Санджар поскакал в Миршаде, куда ушел после боя у мазара Хызра Пайгамбара его отряд. О чем думал командир, когда он гнал коня по пыльной дороге? Какие мысли теснились в его горячей голове? Никто не может сказать. А сам Санджар не рассказывал о своих переживаниях тех дней. Он спешил к своим друзьям и соратникам, чтобы посоветоваться с ними, обсудить все случившееся.

Санджар примчался в Миршаде под вечер. Он издали равнодушно пробежал глазами по знакомой картине. Тянулись рядами черные юрты полукочевых узбеков. Высились белые глиняные столбы, соединенные полукружиями дувалов, защищавших от сора и грязи глубокие колодцы. Около них толпились стада овец, пригнанных на водопой.

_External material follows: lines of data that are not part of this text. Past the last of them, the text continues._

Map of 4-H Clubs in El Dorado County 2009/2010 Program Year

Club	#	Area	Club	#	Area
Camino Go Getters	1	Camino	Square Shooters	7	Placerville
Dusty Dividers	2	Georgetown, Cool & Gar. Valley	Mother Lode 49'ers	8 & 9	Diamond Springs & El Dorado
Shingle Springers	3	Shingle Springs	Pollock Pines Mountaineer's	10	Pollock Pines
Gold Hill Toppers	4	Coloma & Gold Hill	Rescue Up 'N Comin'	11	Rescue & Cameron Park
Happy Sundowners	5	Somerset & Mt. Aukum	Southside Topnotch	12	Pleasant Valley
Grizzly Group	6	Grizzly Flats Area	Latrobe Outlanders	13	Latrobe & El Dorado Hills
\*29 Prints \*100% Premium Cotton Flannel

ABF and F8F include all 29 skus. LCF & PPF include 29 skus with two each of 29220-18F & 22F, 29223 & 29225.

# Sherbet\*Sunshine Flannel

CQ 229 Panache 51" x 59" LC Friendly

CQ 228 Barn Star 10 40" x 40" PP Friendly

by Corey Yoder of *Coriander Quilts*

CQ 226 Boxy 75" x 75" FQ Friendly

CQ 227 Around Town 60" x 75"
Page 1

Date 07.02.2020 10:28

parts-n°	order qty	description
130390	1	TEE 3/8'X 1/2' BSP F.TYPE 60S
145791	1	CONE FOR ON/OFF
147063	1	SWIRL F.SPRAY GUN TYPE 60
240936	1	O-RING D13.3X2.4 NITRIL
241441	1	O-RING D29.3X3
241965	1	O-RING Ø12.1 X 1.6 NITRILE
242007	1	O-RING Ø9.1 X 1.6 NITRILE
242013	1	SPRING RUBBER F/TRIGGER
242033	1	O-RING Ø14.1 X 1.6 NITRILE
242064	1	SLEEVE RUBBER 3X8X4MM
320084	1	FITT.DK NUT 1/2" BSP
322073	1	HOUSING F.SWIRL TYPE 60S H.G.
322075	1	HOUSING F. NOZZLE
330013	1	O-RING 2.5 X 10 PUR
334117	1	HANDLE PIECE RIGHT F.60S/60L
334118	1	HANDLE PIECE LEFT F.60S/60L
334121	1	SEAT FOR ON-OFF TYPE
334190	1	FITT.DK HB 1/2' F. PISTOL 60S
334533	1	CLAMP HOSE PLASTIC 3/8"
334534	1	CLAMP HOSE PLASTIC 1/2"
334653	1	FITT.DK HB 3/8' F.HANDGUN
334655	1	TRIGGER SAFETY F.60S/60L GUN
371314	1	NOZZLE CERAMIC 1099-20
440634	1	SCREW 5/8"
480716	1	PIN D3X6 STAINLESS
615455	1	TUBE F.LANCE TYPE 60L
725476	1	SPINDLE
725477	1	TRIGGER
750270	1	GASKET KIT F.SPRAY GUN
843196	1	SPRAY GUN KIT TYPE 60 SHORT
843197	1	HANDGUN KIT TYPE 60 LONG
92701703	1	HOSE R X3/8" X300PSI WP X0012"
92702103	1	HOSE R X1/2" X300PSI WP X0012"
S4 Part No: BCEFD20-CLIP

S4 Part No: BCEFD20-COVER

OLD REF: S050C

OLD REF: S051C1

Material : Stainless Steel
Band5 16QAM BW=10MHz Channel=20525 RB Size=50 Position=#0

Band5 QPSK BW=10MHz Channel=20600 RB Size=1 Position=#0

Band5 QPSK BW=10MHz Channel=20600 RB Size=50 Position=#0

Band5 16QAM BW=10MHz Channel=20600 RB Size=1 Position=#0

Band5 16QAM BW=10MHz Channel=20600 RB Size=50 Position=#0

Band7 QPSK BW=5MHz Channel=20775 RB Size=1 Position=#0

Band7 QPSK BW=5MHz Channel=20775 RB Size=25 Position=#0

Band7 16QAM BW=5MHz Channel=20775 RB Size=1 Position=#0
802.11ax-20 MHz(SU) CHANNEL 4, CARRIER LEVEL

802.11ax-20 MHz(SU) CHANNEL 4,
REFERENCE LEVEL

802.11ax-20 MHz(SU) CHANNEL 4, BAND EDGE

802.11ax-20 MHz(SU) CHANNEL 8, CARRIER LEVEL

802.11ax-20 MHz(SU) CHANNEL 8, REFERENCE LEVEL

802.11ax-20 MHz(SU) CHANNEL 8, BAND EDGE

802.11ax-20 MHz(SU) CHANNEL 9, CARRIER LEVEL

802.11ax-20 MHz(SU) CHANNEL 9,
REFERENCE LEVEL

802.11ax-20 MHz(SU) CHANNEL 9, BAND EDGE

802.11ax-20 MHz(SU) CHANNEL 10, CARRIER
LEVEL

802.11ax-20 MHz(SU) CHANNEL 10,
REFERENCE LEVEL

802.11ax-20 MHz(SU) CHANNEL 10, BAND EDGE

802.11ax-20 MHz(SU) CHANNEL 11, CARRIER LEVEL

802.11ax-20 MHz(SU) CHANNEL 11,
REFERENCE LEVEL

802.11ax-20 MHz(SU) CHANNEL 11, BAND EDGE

Косые лучи золотили пыль у многочисленных чайхан, вытянувшихся рядами вдоль единственной кривой улицы. На постоялых дворах в караван–сараях ревели ишаки.

Уже с первого взгляда Санджара поразила пустота Миршаде. Он не видел ни одного своего бойца.

– Привет храброму Санджар–беку! – крикнул чайханщик Самад, «вместилище всех новостей и сплетен», как его называли на всем протяжении Дюшамбинского тракта.

– Салям! – ответил Санджар.

Чайханщик подбежал к Санджару и зашептал:

– Вашего отряда нет…

– Как! Что вы сказали?

– Его нет…

И Самад рассказал командиру, что сегодня на рассвете прибыл в Миршаде отряд милиции с приказом Бухарского правительства о роспуске отряда Санджара. Бойцам предложили немедленно разойтись по домам.

По мере рассказа голова Санджара опускалась все ниже и ниже. Он ничего не сказал Самаду, хлестнул Тулпара и ускакал в сторону Ущелья Смерти.

– Выпейте чаю! – крикнул чайханщик. – Отдохните! Но фигура всадника растворилась в быстро спускавшихся с гор красноватых сумерках…

XIV

Странно было услышать среди совершенно пустынных холмов нежный детский голосок. На кочковатой жесткой дороге, заливаясь серебристым смехом, стояла совсем крохотная девочка в бархатном камзоле, в золотой тюбетейке с фазаньим перышком.

Ее неожиданное появление будто разорвало напряжение, сковывавшее путешественников многие тягостные дни и ночи. Люди изумленно оглядывались по сторонам, шевелили плечами, как будто с них свалилась большая тяжесть и, смущенно улыбаясь, поглядывали на девочку.

– Папа, – сказала девочка по–гиссарски, – какие красивые лошадки!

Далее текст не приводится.